P. Me gustaría que abordáramos otra vez el tema de la
ciencia. Después del desastre de la Segunda Guerra Mundial, las primeras
relaciones entre Israel y Alemania se produjeron a través de los científicos.
El año pasado, mientras visitaba el Cern de Ginebra con Fabiola Gianotti, vi
alrededor de una mesa investigadores que procedían de países en conflicto entre
ellos. ¿No piensa que la investigación científica de base, la que no espera
ganar nada, pueda contribuir a promocionar en esta emergencia de la pandemia un
espíritu de fraternidad universal?
R. Claro que sí. La ciencia puede
desempeñar un papel importante, pero no decisivo. Puede activar un diálogo
entre los trabajadores de diferentes países que en este momento trabajan para
crear una vacuna y producir fármacos eficaces. Pero no se debe olvidar que la
ciencia es siempre ambivalente. En el pasado, muchos investigadores han
trabajado al servicio del poder y de la guerra. Dicho esto, yo confío mucho en
esos científicos creativos y llenos de imaginación que ciertamente sabrán
promocionar y defender una investigacion cientifica solida y al servicio de la
humanidad.
La red planetaria de investigadores testifica un esfuerzo hacia un bien
común universal que cruza las fronteras nacionales, los idiomas, el color de la
piel
P. Entra las
emergencias que la epidemia ha evidenciado está sobre todo la sanitaria. En
algunos países europeos, los Gobiernos han debilitado progresivamente los
hospitales con sustanciales recortes de recursos. La escasez de médicos,
enfermeros, camas y equipamientos han mostrado una sanidad pública enferma.

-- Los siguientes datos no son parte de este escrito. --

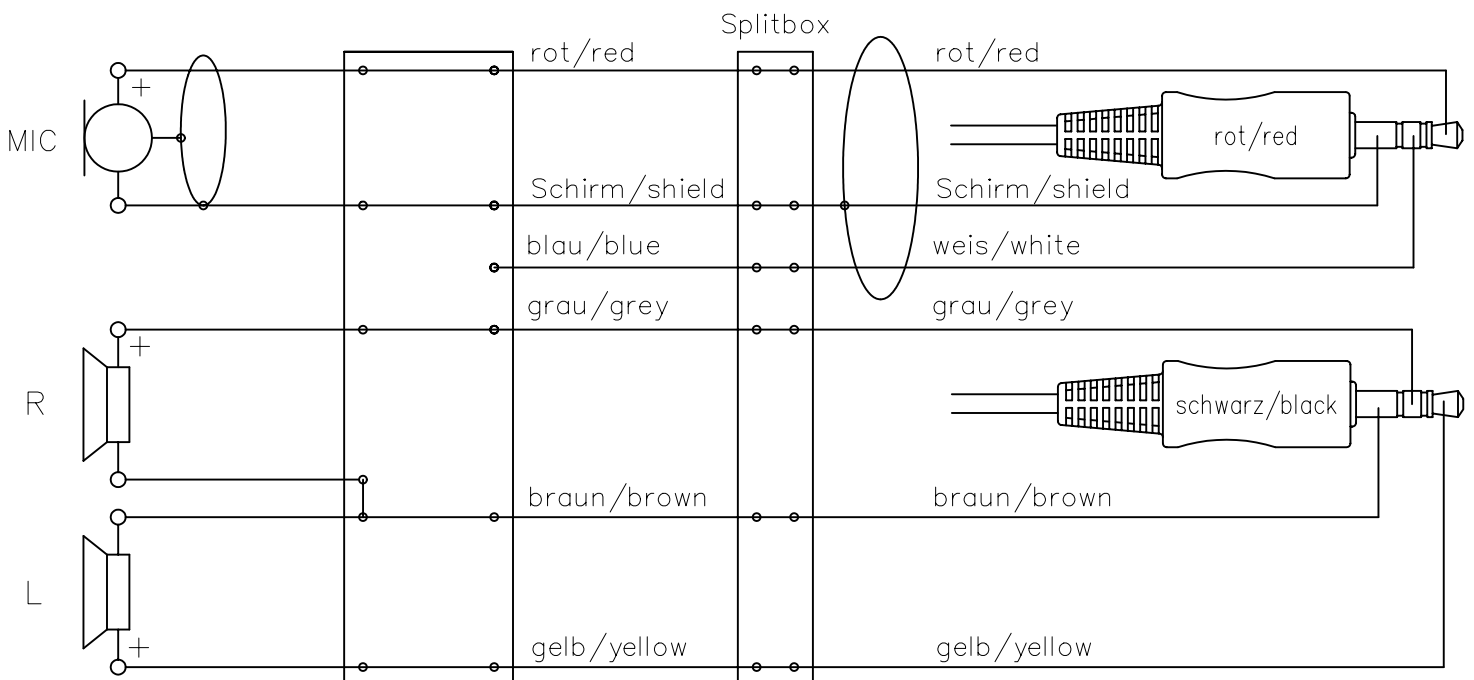

ACHTUNG ! Die verwendeten Materialien müssen dem Gesetz 2002/95/EG - RoHS + WEEE entsprechen. / Attention ! All of the used material must be according to European law 2002/95/EG - RoHS + WEEE

Diese Zeichnung ist Eigentum von MAESTRO BADENIA GmbH.
Jede Vervielfältigung, Verwertung an Dritte ist strafbar.
This drawing is property of MAESTRO BADENIA GmbH.
Any duplicating, utilization to third party is criminal.

Free dimensions
according to DIN:

Projection:

Material:

Surface:

Title:

GMH D 8.100 D
German MAESTRO

Scale:

Drawing no.:

94-6118

Sheet

of

Rev.

1 1 0

Rev. ECO Date Name used for
BOM same no. ☒ BOM other no. ☐ without BOM ☐

Mai 2008 TP

Date created Name checked

Replacement:

MAESTRO
BADENIA

MAESTRO BADENIA
Akustik und Elektronik GmbH
Neckarstraße 20
74847 Obrigheim, Germany
Phone +49 (0) 62 61 - 6 38-0
Fax +49 (0) 62 61 - 6 38-129
www.german-maestro.de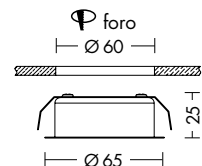

IP20

Codice	CCT	Flusso lm	Potenza	Dimensioni mm
5120-XX-LED	3000K	255	3W	Ø65 x 25

IP20

Codice		Potenza	Dimensioni mm
5120-XX	G4	1x14W max	Ø65 x 25

Finiture

Accessori

alimentatore 12V
solo per cod. 5120
pag.697-701

R. No hay duda de que la sanidad
tenga que ser pública y universal. En Europa, en las últimas décadas, hemos
sido víctimas de las directivas neoliberales que han insistido en una reducción
de los servicios públicos en general. Programar la gestión de los hospitales
como si fueran empresas significa concebir los pacientes como mercancía
incluida en un ciclo productivo. Esto es otro ejemplo de cómo una visión puramente
financiera pueda producir desastres bajo el punto de vista humano y sanitario.
P. La sanidad y la educación constituyen los
dos pilares de la dignidad humana (el derecho a la vida y el derecho al
conocimiento) y las bases del desarrollo económico de un país. El sistema
educativo también ha sufrido recortes terribles en estas décadas.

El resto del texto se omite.